* **PROBLEM DESCRIPTION**: Wherever "ANGLE" shows up in the records below, copy the whole line.

------------

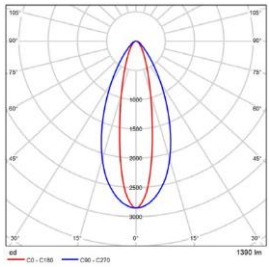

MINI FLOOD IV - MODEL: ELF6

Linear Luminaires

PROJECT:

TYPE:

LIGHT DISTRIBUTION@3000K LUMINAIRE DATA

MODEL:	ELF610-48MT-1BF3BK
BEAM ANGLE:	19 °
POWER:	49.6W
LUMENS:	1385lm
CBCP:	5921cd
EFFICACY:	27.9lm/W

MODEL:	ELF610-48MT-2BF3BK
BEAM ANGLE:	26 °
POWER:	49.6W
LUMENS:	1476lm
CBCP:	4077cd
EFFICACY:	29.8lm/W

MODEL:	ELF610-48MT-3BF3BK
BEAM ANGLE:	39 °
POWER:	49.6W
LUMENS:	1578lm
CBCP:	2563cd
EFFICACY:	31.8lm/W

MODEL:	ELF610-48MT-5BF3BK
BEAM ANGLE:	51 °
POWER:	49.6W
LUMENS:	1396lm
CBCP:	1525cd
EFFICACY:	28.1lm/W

------------

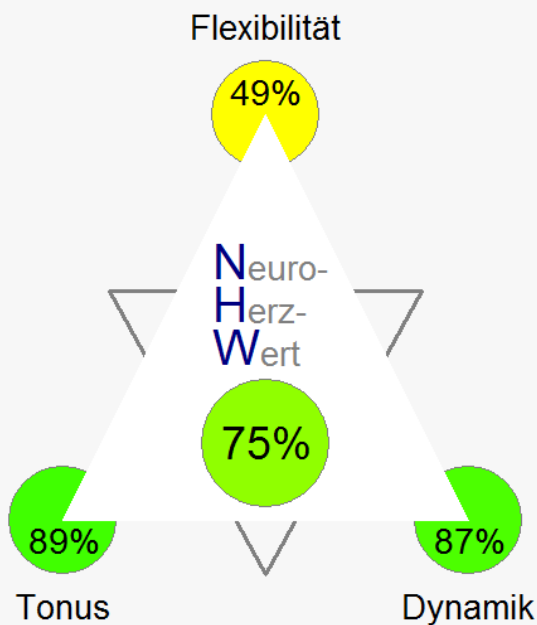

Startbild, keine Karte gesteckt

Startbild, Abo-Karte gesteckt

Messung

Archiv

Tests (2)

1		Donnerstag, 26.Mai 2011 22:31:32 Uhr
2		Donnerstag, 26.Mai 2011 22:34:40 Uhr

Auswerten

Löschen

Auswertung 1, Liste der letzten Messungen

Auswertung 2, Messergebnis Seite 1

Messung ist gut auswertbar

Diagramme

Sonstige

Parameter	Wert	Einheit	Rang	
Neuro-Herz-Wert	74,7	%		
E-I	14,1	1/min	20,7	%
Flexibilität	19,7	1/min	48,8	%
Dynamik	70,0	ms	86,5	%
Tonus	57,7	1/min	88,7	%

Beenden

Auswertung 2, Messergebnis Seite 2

------------

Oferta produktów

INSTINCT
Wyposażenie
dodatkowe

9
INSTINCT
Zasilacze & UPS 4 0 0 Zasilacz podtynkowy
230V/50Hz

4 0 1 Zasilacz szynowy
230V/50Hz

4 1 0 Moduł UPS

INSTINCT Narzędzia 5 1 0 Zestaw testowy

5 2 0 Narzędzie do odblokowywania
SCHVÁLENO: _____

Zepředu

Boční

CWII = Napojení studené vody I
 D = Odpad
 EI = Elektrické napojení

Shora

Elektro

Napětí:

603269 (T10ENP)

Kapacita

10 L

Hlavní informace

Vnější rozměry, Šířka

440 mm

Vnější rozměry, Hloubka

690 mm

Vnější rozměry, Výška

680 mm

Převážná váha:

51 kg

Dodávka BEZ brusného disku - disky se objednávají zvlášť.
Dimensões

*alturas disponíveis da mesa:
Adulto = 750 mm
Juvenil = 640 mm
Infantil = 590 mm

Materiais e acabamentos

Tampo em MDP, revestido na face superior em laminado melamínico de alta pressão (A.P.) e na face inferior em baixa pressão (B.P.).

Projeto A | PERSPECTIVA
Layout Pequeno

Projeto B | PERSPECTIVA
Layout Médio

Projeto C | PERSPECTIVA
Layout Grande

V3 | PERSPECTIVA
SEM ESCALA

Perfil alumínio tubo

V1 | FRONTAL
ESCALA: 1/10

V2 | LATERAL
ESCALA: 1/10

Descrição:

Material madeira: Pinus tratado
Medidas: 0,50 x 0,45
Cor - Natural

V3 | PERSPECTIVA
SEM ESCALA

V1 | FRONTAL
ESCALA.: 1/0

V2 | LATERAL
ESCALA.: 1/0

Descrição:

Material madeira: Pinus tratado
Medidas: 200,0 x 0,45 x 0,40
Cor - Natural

------------

* **WRITTEN RESPONSE**:
BEAM ANGLE:	19 °
BEAM ANGLE:	26 °
BEAM ANGLE:	39 °
BEAM ANGLE:	51 °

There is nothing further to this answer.